Memory-mapped TensorDicts are useful for large offline datasets, replay buffers,
inter-process handoff and checkpointed intermediate state.

## Key features

- **Tensor-like collection ops**: indexing, slicing, device casting, dtype
  casting, reshaping, stacking and concatenation.
  [[tutorial]](https://docs.pytorch.org/tensordict/stable/tutorials/tensordict_shapes.html)
- **Nested structures** with tuple keys and predictable batch semantics.
  [[tutorial]](https://docs.pytorch.org/tensordict/stable/tutorials/tensordict_keys.html)
- **Fast memory workflows**: asynchronous transfers, memmap, consolidated
  tensors, lazy stacks and preallocation.
  [[tutorial]](https://docs.pytorch.org/tensordict/stable/tutorials/tensordict_memory.html)
- **Functional programming** with parameter TensorDicts, `to_module` and
  compatibility with `torch.vmap`.
  [[tutorial]](https://docs.pytorch.org/tensordict/stable/tutorials/functional.html)
- **`@tensorclass`**: a tensor-aware dataclass for structured tensor objects.
  [[tutorial]](https://docs.pytorch.org/tensordict/stable/tutorials/tensorclass_fashion.html)
- **Distributed and multiprocessed pipelines** across workers, devices and
  machines. [[doc]](https://docs.pytorch.org/tensordict/stable/distributed.html)
- **Serialization and memory mapping** for efficient checkpointing and dataset
  storage. [[doc]](https://docs.pytorch.org/tensordict/stable/saving.html)

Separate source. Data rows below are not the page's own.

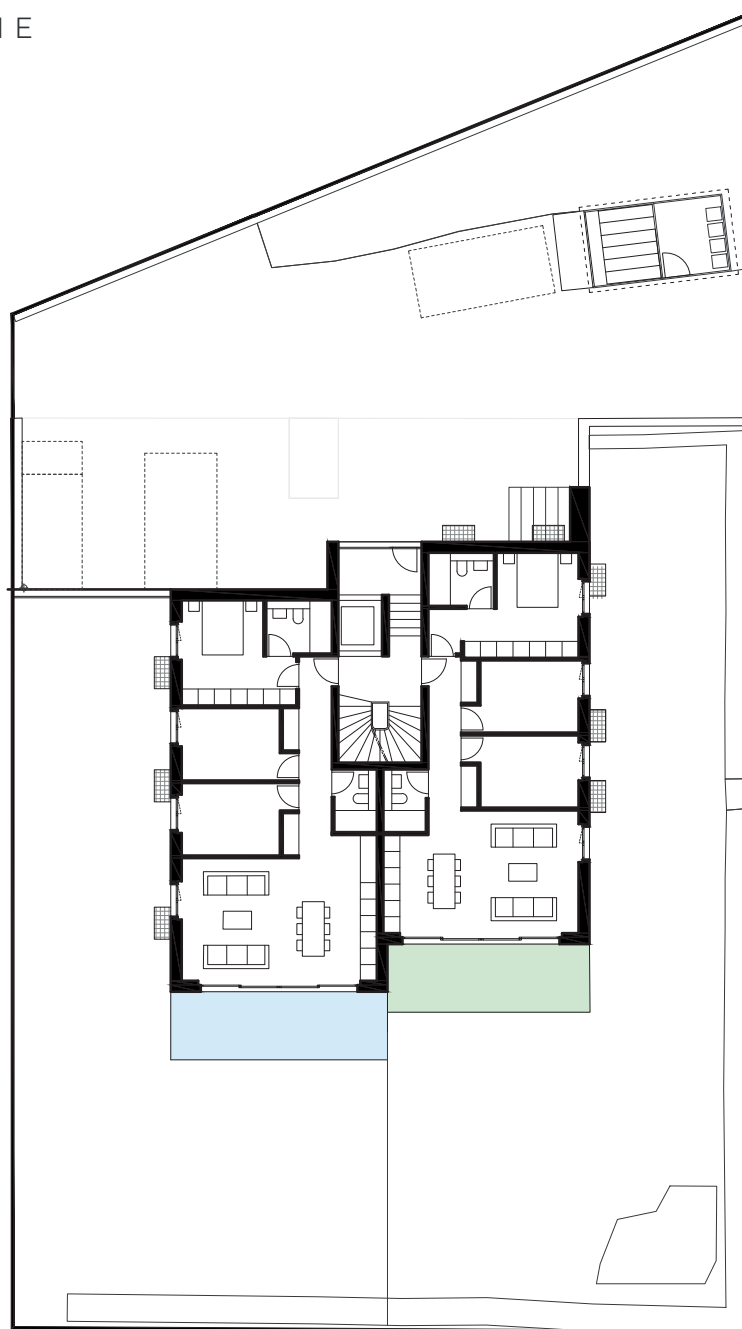

Chaïa

LAUSANNE

Rez

Chaïa

LAUSANNE

Rez

- LOT 1 terrasse - 19.87 m²
- LOT 2 terrasse - 18.50 m²

h

Chaïa

LAUSANNE

Rez

- LOT 1 jardin - 234.4 m²
- LOT 2 jardin - 279.5 m²

h

Chaïa

LAUSANNE

- LOT 1 - 4.5 pièces - 25.20 m²
- LOT 2 - 4.5 pièces - 29.06 m²
- LOT 3 - 5.5 pièces - 32.72 m²
- LOT 4 - 5.5 pièces - 36.24 m²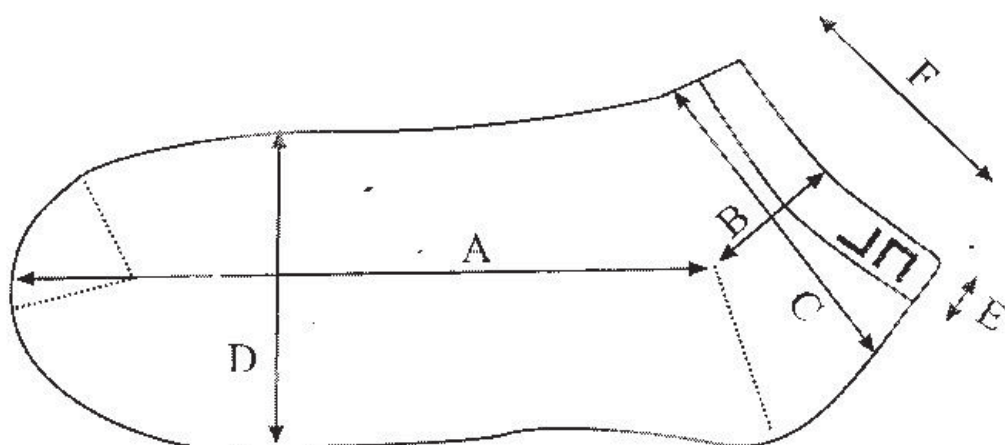

# JN206 Function Sneaker-Socks

Size Specification				
EU	35-38	39-41	42-44	45-47
UK	2,5 - 5,5	6 - 7,5	8,5 - 10	10,5 -12
A	17	18,5	20	21,5
B	6	6	6	6
C	8,5	9	9,5	10
D	8,5	9	9,5	10
E	2	2	2	2
F	7,5	8	8,5	9

For a longer tour, start with [GETTING_STARTED.md](GETTING_STARTED.md) or the
[online documentation][#docs-package].

## Installation

**With pip**:

```bash
pip install tensordict
```

**With conda**:

```bash
conda install -c conda-forge tensordict
```

**Nightly builds**:

```bash
pip install tensordict-nightly
```

**From source with an existing PyTorch install**:

```bash
pip install -e . --no-deps
```

If you use `uv` with PyTorch nightlies, keep `torch` pinned to the PyTorch wheel
index or install TensorDict with `--no-deps` so the resolver does not replace
your existing PyTorch build:

```bash
uv pip install -e . --no-deps
uv pip install -e . --prerelease=allow -f "https://download.pytorch.org/whl/nightly/cpu/torch_nightly.html"
```

## Ecosystem

TensorDict started in reinforcement learning, where batches quickly become
nested trajectories. It is now used anywhere tensor batches are structured data:
RL rollouts, LLM post-training samples, robotics trajectories, simulation state,
model parameters, checkpointed datasets and scientific pipelines.

| Domain | Projects |
|--------|----------|
| **Reinforcement Learning** | [TorchRL](https://github.com/pytorch/rl) (PyTorch), [DreamerV3-torch](https://github.com/NM512/dreamerv3-torch), [Dreamer4](https://github.com/nicklashansen/dreamer4), [SkyRL](https://github.com/NovaSky-AI/SkyRL) |
| **LLM Post-Training** | [verl](https://github.com/verl-project/verl), [ROLL](https://github.com/alibaba/ROLL) (Alibaba), [LMFlow](https://github.com/OptimalScale/LMFlow), [LoongFlow](https://github.com/baidu-baige/LoongFlow) (Baidu) |
| **Robotics and Simulation** | [MuJoCo Playground](https://github.com/google-deepmind/mujoco_playground) (Google DeepMind), [ProtoMotions](https://github.com/NVlabs/ProtoMotions) (NVIDIA), [holosoma](https://github.com/amazon-far/holosoma) (Amazon) |
| **Physics and Scientific ML** | [PhysicsNeMo](https://github.com/NVIDIA/physicsnemo) (NVIDIA) |
| **Genomics** | [Medaka](https://github.com/nanoporetech/medaka) (Oxford Nanopore) |

## Citation

If you use TensorDict, please cite the TorchRL paper:

```bibtex
@misc{bou2023torchrl,
      title={TorchRL: A data-driven decision-making library for PyTorch},
      author={Albert Bou and Matteo Bettini and Sebastian Dittert and Vikash Kumar and Shagun Sodhani and Xiaomeng Yang and Gianni De Fabritiis and Vincent Moens},
      year={2023},
      eprint={2306.00577},
      archivePrefix={arXiv},
      primaryClass={cs.LG}
}
```

## License

TensorDict is licensed under the MIT License. See [LICENSE](LICENSE) for details.